[Collection entries]
>>>>>

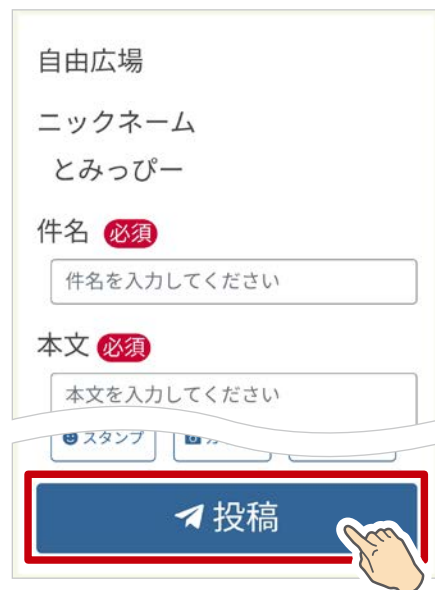

投稿から広がる交流

コミュニティ広場

コミュニティ広場

左図の「コミュニティ広場」ボタンをさわると、アプリを使用している他の方たちと交流することができます。今日の出来事や、趣味のお話、撮影した写真など、自由に投稿ができ、返信もできます。まずは、自由広場へ投稿してみましょう！

とみっぴーメモ

🔍 8

虫眼鏡マークの横の数字は投稿が見られた数字っぴ！
たくさん見てもらえると嬉しいっぴ♪

💬 6

吹き出しのマークは返信があることを表しているっぴ！
どんな返信が付いているか見てみるっぴ♪

👍 4

グッドマークの横の数字はいいね数っぴ！
たくさんいいねがあると嬉しいっぴ♪

アプリについてのお問い合わせ：とみおかアプリサポートセンター 0570-051-030

受付時間：平日 午前9時～午後6時（土日祝・年末年始休業）

<<<<<

Exercise directions:
With the line containing "たくさんいいねがあると嬉しいっぴ♪" as the first and the last line of the records as the final one, print exactly the lines in that span.

Answer:
たくさんいいねがあると嬉しいっぴ♪

アプリについてのお問い合わせ：とみおかアプリサポートセンター 0570-051-030

受付時間：平日 午前9時～午後6時（土日祝・年末年始休業）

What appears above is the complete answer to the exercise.